### EXERCISE GOAL
In the listing below, start your output at the line with "artikelnummer: 99.051.FEST" and end it after the line with "De polstering ca.", copying every line exactly.

******

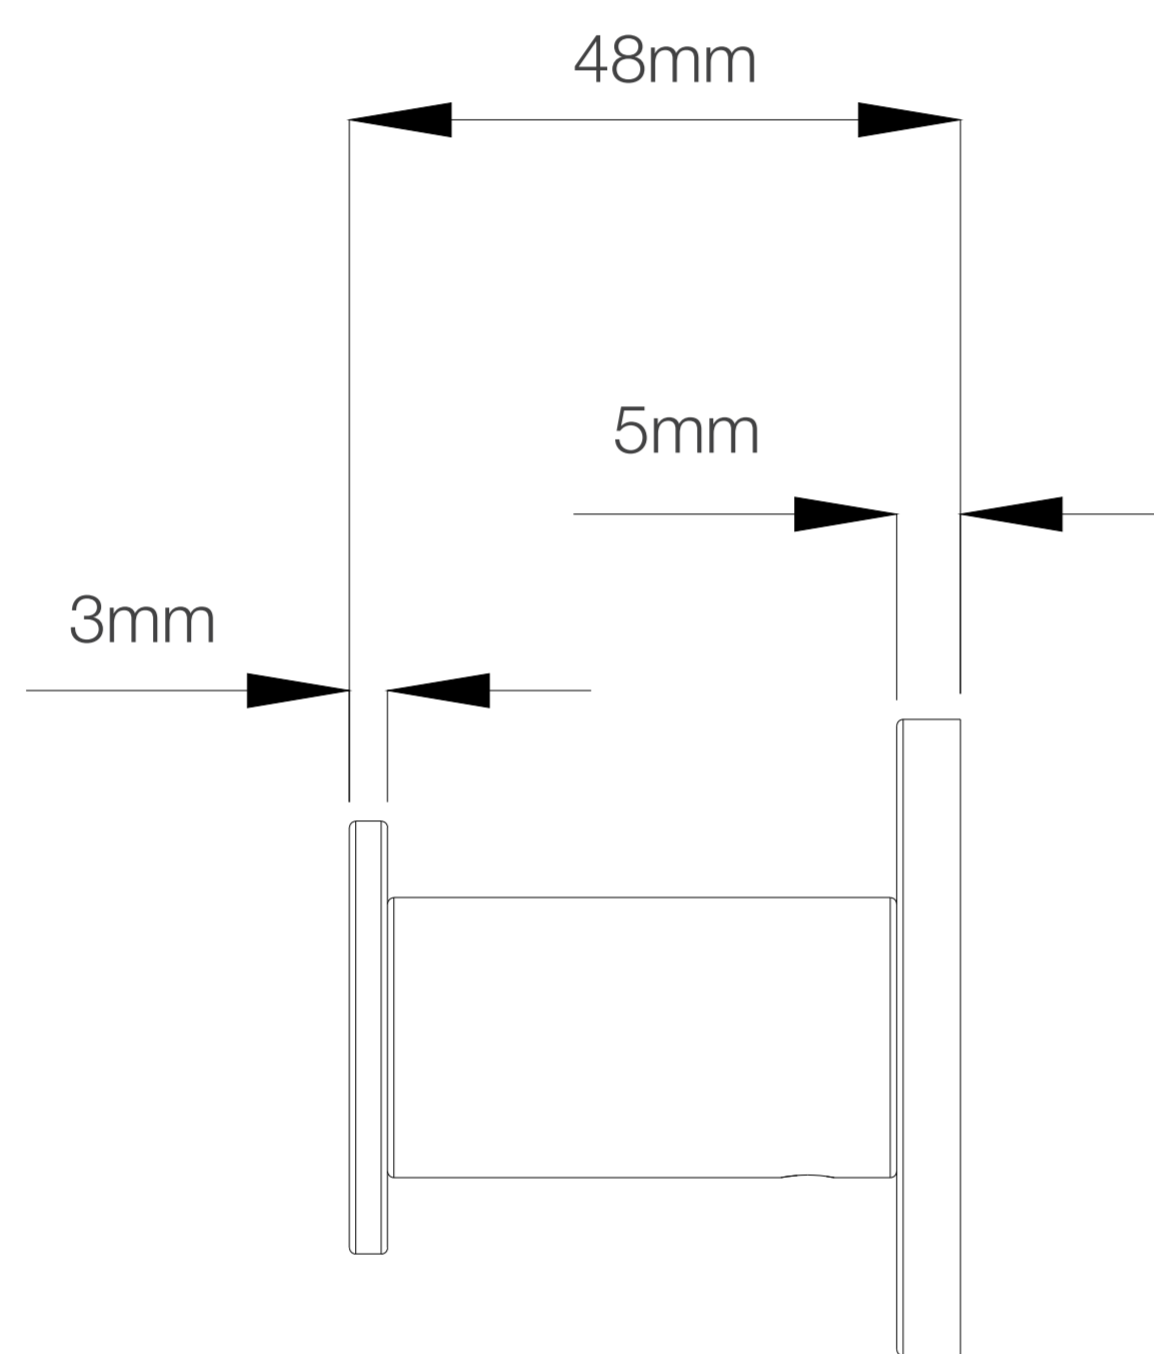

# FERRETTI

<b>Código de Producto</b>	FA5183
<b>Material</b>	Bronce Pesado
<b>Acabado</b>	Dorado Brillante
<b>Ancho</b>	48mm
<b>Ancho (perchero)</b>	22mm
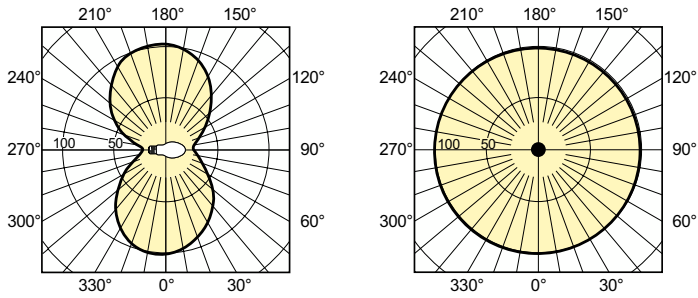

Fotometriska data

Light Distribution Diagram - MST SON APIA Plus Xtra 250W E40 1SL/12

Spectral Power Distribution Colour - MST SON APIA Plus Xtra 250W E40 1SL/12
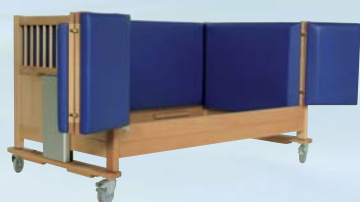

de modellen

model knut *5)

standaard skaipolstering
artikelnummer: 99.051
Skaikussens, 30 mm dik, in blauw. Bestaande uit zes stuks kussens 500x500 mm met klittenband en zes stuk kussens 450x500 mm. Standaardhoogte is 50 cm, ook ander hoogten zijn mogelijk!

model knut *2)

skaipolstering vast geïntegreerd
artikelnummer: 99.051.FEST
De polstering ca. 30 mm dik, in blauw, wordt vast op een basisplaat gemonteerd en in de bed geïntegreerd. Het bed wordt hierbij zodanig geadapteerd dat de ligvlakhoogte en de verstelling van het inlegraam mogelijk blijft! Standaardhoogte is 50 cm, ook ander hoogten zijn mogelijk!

******

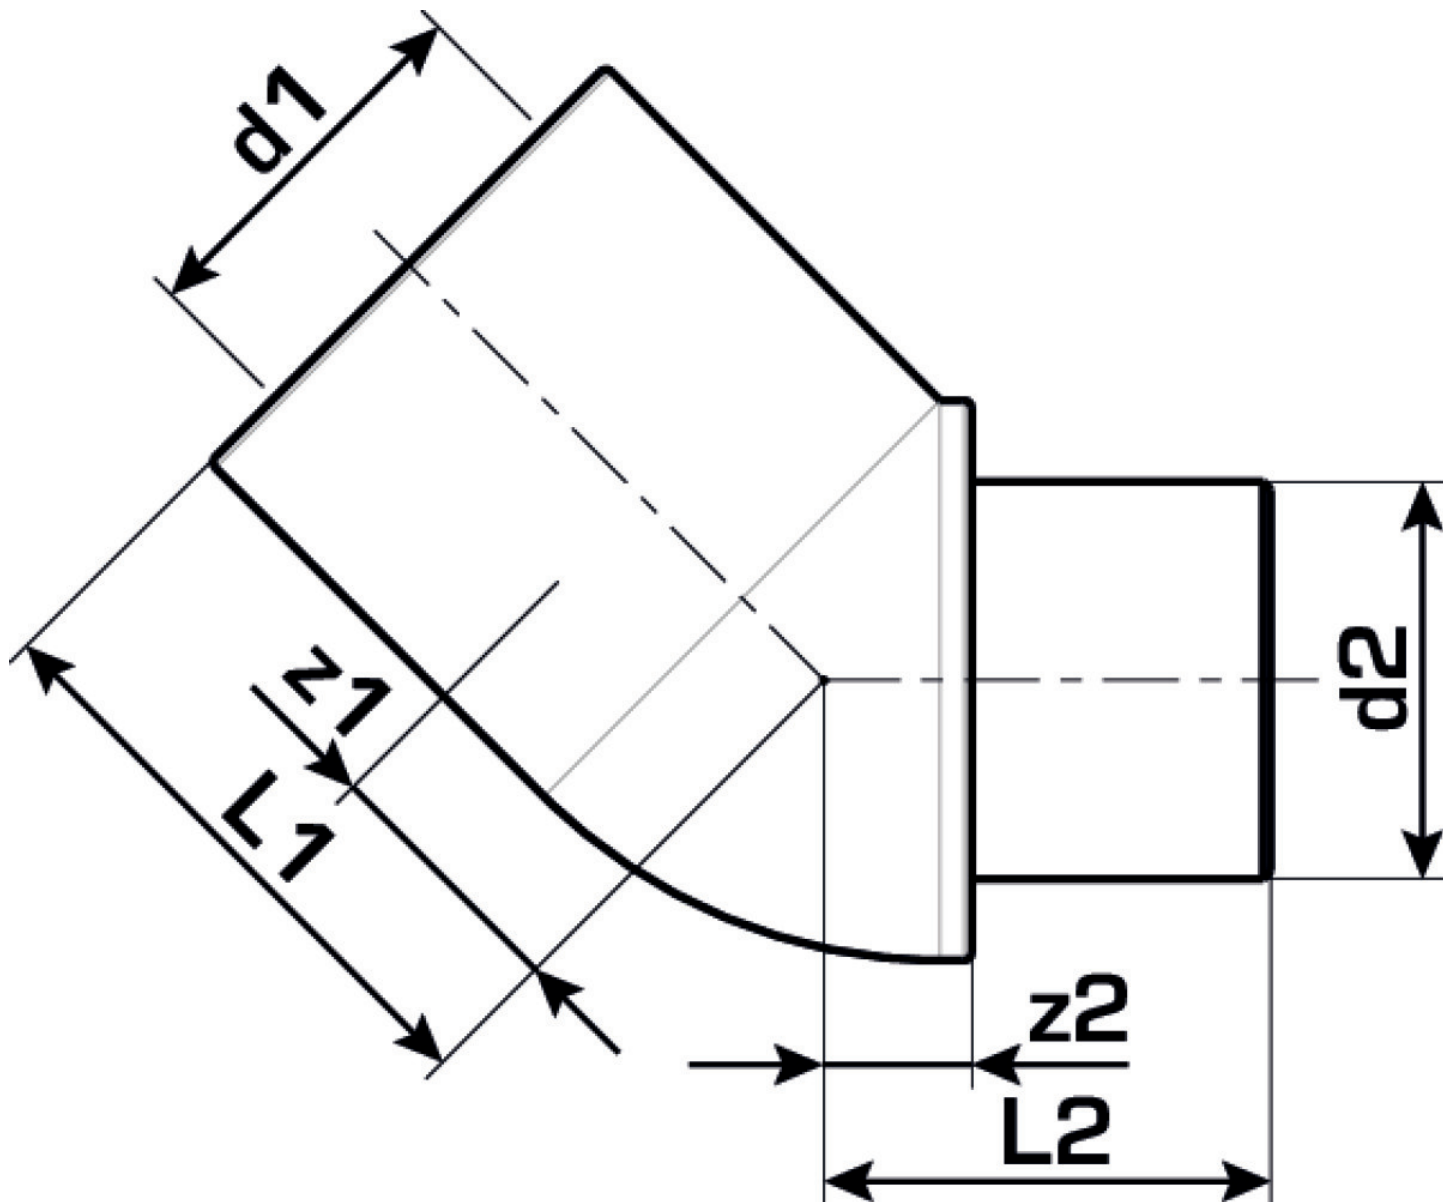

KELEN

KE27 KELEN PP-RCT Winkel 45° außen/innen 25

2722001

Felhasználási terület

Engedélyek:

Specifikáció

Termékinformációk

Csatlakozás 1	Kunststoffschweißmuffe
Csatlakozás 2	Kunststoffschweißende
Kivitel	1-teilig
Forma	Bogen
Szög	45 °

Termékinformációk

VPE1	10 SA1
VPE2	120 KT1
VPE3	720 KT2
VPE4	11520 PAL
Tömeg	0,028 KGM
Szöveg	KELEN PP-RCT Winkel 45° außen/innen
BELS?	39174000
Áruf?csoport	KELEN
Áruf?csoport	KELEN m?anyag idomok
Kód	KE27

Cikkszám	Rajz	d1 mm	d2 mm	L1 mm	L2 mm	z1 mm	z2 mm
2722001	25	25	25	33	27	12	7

******

### ANSWER SPACE
artikelnummer: 99.051.FEST
De polstering ca. 30 mm dik, in blauw, wordt vast op een basisplaat gemonteerd en in de bed geïntegreerd. Het bed wordt hierbij zodanig geadapteerd dat de ligvlakhoogte en de verstelling van het inlegraam mogelijk blijft! Standaardhoogte is 50 cm, ook ander hoogten zijn mogelijk!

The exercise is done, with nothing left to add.